Previously on Midlife Crisis Crossover:
Twice per year my wife and I escort her grandmother to one of two special events at the Indiana State Fairgrounds. Each November we visit the Indiana Christmas Gift and Hobby Show. Each March the highlight of her month is the Indiana Flower & Patio Show, which features numerous displays of colorful flora, booths where gardeners and homeowners can peruse and pick out their new seeds, plants, implements, and accoutrements for tending and cultivating their yards in the forthcoming spring and summer. Assorted horticulturists and lawn care companies show off bouquets, sample gardens, and ostentatious flowers you’ll wish you owned.
It’s that time of year again! Today we three traipsed around the fairgrounds and gazed upon tiny, fragile parts of God’s creation, manifest through the works of people with much greener thumbs than ours.
One year later, my wife and I have yet to acquire this skill set. In fact, thanks to a particularly harsh and early winter, I still have raking to finish once the last remnants of Old Man Winter’s onslaught have thawed, and when time permits.
Theoretically, if I cared deeply enough to learn the fine art of growing non-weed lifeforms in enriched soil, I’d make the time to do so by taking away time from other activities that mean less to me. I could work less overtime, write less, sleep even less than I do now, skip family functions, have our electricity shut off so none of our entertainment devices work, and so on. Any of those options would inconvenience me somehow in a way that would make me whine.

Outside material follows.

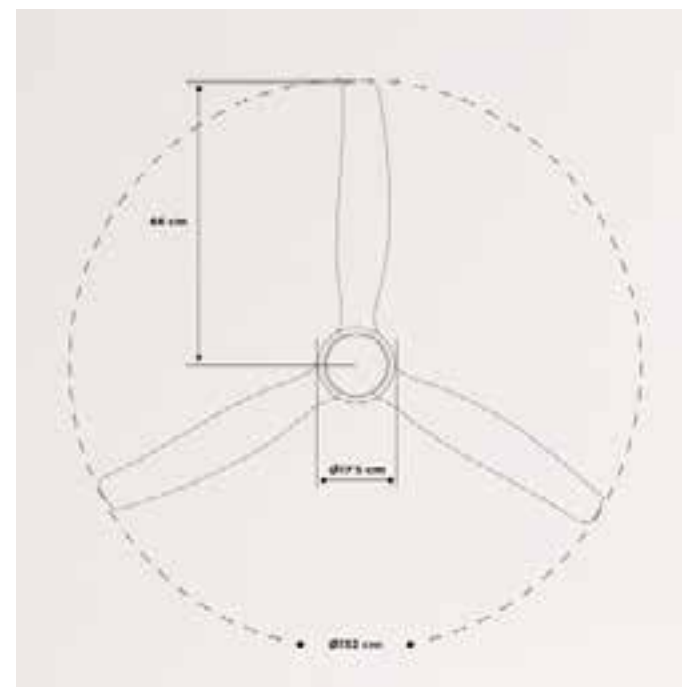

Windlight Helm DC

Ventilador de techo silencioso 40W Ø132cm

Instead, for one day out of the year, we live vicariously through the vendors at the Flower and Patio Show. Good people with great displays of gorgeous flowers. As far as I can tell.
For variation we tried a few closeups that we hoped might inspire a deeper appreciation for the finer details that evade our everyday passing glances. Unfortunately I forgot to write down any of their names. I’m sure some of you know them. High-five to you folks!
These trained professionals are so adept, this year one company among them created color-coordinated displays, just to prove they can grow every color of the rainbow in a variety of formats. Show-offs.
JUST LOOK AT THIS. Yellow yellow yellow yellow yellow. They’re so smart and organized. It’s unfair and positively lawn-shaming.
We take heart in one certainty: the very existence of these flowers assure us that Jack Frost’s defeat is imminent. Sooner or later, hopefully within the next six months, spring will arrive and our memories of the first quarter of 2014 will feel a little less bitter. It’s sentries such as these that will be on the front lines of the War on Winter.
Also a telling sign that spring is coming: Daylight Savings begins tonight, that non-magical day when conformist America turns its clocks forward one hour because The MAN says so. Please accept this pretty flower as a token of our sympathy for the loss of that one hour of your life.